The 80's were definitely the era for it, what with that kind of thing and the Geraldo "Satanic Sacrifices and Ritual Abuse" specials. This piece very cleverly links the same types of moral panics/sexual hysterias [of every era] and points out this generation's bugaboo - the internet.
Type of thing annoys me as "for the children" is used as the rallying cry for no end of retarded and civil rights abridging legislation.
Sex Panic! — An Interview With Debbie Nathan - 10 Zen Monkeys:
"...When I read the interviews of the kids, I could see the way the cases went forward forensically. The adult interviewers, whether they were detectives or social workers or psychologists, brainwashed the kids. They interjected their own fantasies into those kids by asking them leading questions over and over and over and over. I heard some of the tapes of kids who would walk into the room loving their teachers. And they would walk out utter basket cases, thinking that they'd been brutalized by Miss Mickey or somebody that they loved before. And I would cry. I would say — these kids have been brutalized by the investigation and by this whole panic. So were the women that were working in public daycare. That pained me to no end, the fact that public child care was under such assault. And it pained me to see women so guilty about going to work. But the thing that really got to me was the fact that relationships that were really beautiful were destroyed. You could hear it on the tapes. It was horrible to hear those interviews. And then you're like, 'Oh my god. I have to tell the world about this.'
...In fact, what's happening right now is a panic about kids and the internet. And there is a panic about teenagers having sex with each other. Those two things are working off each other. Did I predict those? No! I didn't predict them. And it seems to be happening since 9/11, actually. I think that the most proximate thing is fear of the internet. There's always a panic over a new technology. There are moral panics all the time. I mean, there was a moral panic over the telephone when it was first introduced.
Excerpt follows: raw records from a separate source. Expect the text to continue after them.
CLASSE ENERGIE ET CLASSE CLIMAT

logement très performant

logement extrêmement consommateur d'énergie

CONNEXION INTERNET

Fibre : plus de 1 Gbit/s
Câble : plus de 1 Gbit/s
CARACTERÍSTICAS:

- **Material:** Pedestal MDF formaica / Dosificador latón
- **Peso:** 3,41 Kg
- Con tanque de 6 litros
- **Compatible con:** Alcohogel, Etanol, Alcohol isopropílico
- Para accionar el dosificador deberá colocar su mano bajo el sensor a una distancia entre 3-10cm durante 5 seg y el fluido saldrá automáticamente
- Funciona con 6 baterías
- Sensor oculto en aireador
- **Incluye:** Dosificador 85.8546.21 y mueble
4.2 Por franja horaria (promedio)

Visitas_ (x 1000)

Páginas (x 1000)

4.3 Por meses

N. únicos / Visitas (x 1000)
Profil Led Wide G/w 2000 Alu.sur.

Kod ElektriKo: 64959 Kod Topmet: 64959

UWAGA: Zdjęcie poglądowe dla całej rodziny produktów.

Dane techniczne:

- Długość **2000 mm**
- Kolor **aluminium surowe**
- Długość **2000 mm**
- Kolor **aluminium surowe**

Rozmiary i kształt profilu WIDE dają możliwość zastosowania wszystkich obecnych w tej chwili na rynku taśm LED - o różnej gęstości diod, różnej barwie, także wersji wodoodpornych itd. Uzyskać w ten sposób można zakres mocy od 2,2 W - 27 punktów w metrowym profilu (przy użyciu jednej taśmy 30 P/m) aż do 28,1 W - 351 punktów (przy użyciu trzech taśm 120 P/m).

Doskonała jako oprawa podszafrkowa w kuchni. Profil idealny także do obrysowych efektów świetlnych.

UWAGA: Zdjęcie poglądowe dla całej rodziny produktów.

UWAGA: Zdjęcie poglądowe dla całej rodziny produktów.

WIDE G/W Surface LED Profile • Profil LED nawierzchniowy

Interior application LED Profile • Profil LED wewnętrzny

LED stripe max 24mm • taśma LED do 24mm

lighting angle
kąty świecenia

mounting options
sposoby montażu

SB: That's right! Because strangers would call you...
DN: Yeah. Male voices would call up young women in their homes.
SB: And god knows what would happen from there.
DN: There was a panic about comic books. There's always a panic about new technology. We're looking at it in hindsight. We're looking at a panic, and we're looking back and saying, "Oh, the internet."
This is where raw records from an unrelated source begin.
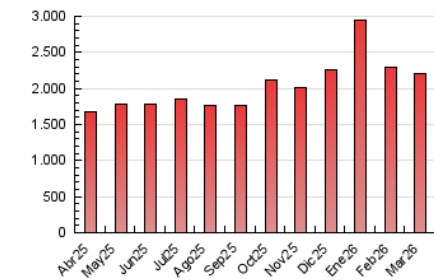

Páginas (x 1000)
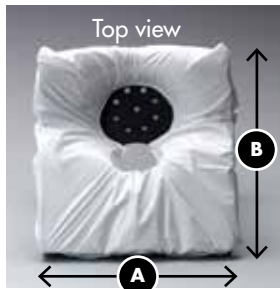

Ride Designs®
 a branch of Aspen Seating, LLC
 toll-free 866.781.1633
 phone 303.781.1633
 fax 303.781.1722
 www.ridedesigns.com

Ride® Java® Cushion Specifications

Part Number	Width x Depth	Weight (with cover, no wedges)	A. Actual Width	B. Actual Length (down side)	C. Leg Trough Height	D. Cante Height	E. Trocanter Height	Fits Wheelchair Widths	Fits Wheelchair Depths
JC-1414	14" x 14" / 36cm x 36cm	1.70 lbs / 0.77 Kg	13.5" / 34cm	14" / 36cm	3.25" / 8cm	5.75" / 15cm	2.63" / 7cm	14" / 36cm	13", 14" / 33cm-36cm
JC-1416	14" x 16" / 36cm x 41cm	1.94 lbs / 0.87 Kg	13.5" / 34cm	16" / 41cm	3.25" / 8cm	5.75" / 15cm	2.63" / 7cm	14" / 36cm	15", 16" / 38cm-41cm
JC-1515	15" x 15" / 38cm x 38cm	2.03 lbs / 0.92 Kg	14.5" / 37cm	15" / 38cm	3.25" / 8cm	5.75" / 15cm	2.63" / 7cm	15" / 38cm	14", 15" / 36cm-38cm
JC-1517	15" x 17" / 38cm x 43cm	2.25 lbs / 1.02 Kg	14.5" / 37cm	17" / 43cm	3.13" / 8cm	5.75" / 15cm	2.63" / 7cm	15" / 38cm	16", 17" / 41cm-43cm
JC-1616	16" x 16" / 41cm x 41cm	2.31 lbs / 1.05 Kg	15.5" / 39cm	16" / 41cm	3.25" / 8cm	5.75" / 15cm	2.63" / 7cm	16" / 41cm	15", 16" / 38cm-41cm
JC-1618	16" x 18" / 41cm x 46cm	2.58 lbs / 1.17 Kg	15.5" / 39cm	18" / 46cm	3.00" / 8cm	5.75" / 15cm	2.63" / 7cm	16" / 41cm	17", 18" / 43cm-46cm
JC-1620	16" x 20" / 41cm x 51cm	2.80 lbs / 1.27 Kg	15.5" / 39cm	20" / 51cm	3.00" / 8cm	5.75" / 15cm	2.63" / 7cm	16" / 41cm	19", 20" / 48cm-51cm
JC-1717	17" x 17" / 43cm x 43cm	2.54 lbs / 1.15 Kg	16.5" / 42cm	17" / 43cm	3.13" / 8cm	5.75" / 15cm	2.63" / 7cm	17" / 43cm	16", 17" / 41cm-43cm
JC-1816	18" x 16" / 46cm x 41cm	2.58 lbs / 1.17 Kg	17.5" / 44cm	16" / 41cm	3.25" / 8cm	5.75" / 15cm	2.63" / 7cm	18" / 46cm	15", 16" / 38cm-41cm
JC-1818	18" x 18" / 46cm x 46cm	2.91 lbs / 1.32 Kg	17.5" / 44cm	18" / 46cm	3.00" / 8cm	5.75" / 15cm	2.63" / 7cm	18" / 46cm	17", 18" / 43cm-46cm
JC-1820	18" x 20" / 46cm x 51cm	3.24 lbs / 1.47 Kg	17.5" / 44cm	20" / 51cm	2.88" / 7cm	5.75" / 15cm	2.63" / 7cm	18" / 46cm	19", 20" / 48cm-51cm
JC-2016	20" x 16" / 51cm x 41cm	2.91 lbs / 1.32 Kg	19.5" / 50cm	16" / 41cm	3.25" / 8cm	5.75" / 15cm	2.63" / 7cm	20" / 51cm	15", 16" / 38cm-41cm
JC-2018	20" x 18" / 51cm x 46cm	3.24 lbs / 1.47 Kg	19.5" / 50cm	18" / 46cm	3.00" / 8cm	5.75" / 15cm	2.63" / 7cm	20" / 51cm	17", 18" / 43cm-46cm
JC-2020	20" x 20" / 51cm x 51cm	3.46 lbs / 1.57 Kg	19.5" / 50cm	20" / 51cm	2.88" / 7cm	5.75" / 15cm	2.63" / 7cm	20" / 51cm	19", 20" / 48cm-51cm

SB: Oh yeah. Remember when that was such a big fright? And now it seems like nothing. That's what always happens as soon as the technology ages.
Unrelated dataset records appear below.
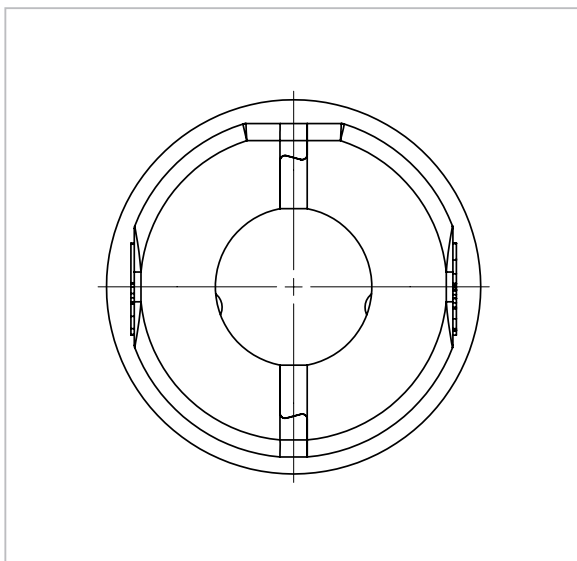

Dämmschalenset EASY-QUICK für QUICKTURN® Kolbenventile mit RV

DN 15 bis DN 50, passend für Innengewinde, Dämmschale aus EPP-Schaum

Typ 09062

Beschreibung:

- Nennweiten: DN 15 bis DN 50
- aus expandiertem Polypropylen (EPP)
- absolut schadstofffrei und recycelfähig
- Wärmeleitfähigkeit 0,035 W/mk
- Einsatztemperatur bis 110 °C
- Zulassungen/Prüfungen nach:
 - Baustoffklasse nach DIN 4102 B 2
 - erfüllt die Anforderungen der EnEV 2016
 - Schalldämmung nach DIN 4109

Vorteile:

- passend für QUICKTURN Kolbenventile von DN 15 bis DN 50 mit RV mit Innengewinde
- optimaler Halt durch konstruktionsbedingte Verzahnung

Zubehör (nicht im Lieferumfang enthalten):

- Entleerungsventil-Verlängerung 51097

| | DN | Durchmesser (D) | Baulänge (L1) | Baulänge (L2) |
|-------------|--------------|-----------------|---------------|---------------|
| Best-Nr. | | mm | mm | mm |
| 09062.015.1 | DN 15 | 72 | 96 | 155 |
| 09062.020.1 | DN 20 | 80 | 105 | 169 |
| 09062.025.1 | DN 25 | 99 | 115 | 192 |
| 09062.032.1 | DN 32 | 110 | 130 | 220 |
| 09062.040.1 | DN 40 | 138 | 140 | 229 |
| 09062.050.1 | DN 50 | 138 | 150 | 262 |

DN: But it's not nothing for a lot of people with kids today, you know?
SB: Well, I had another interview on our show with a social scientist named Mike Males. And he has these great papers that say, "Look, your kid statistically is in greater risk being in church or at the shopping mall than they are on their MySpace page." The notion of the actual risk that young people are facing on the internet is completely blown out of proportion."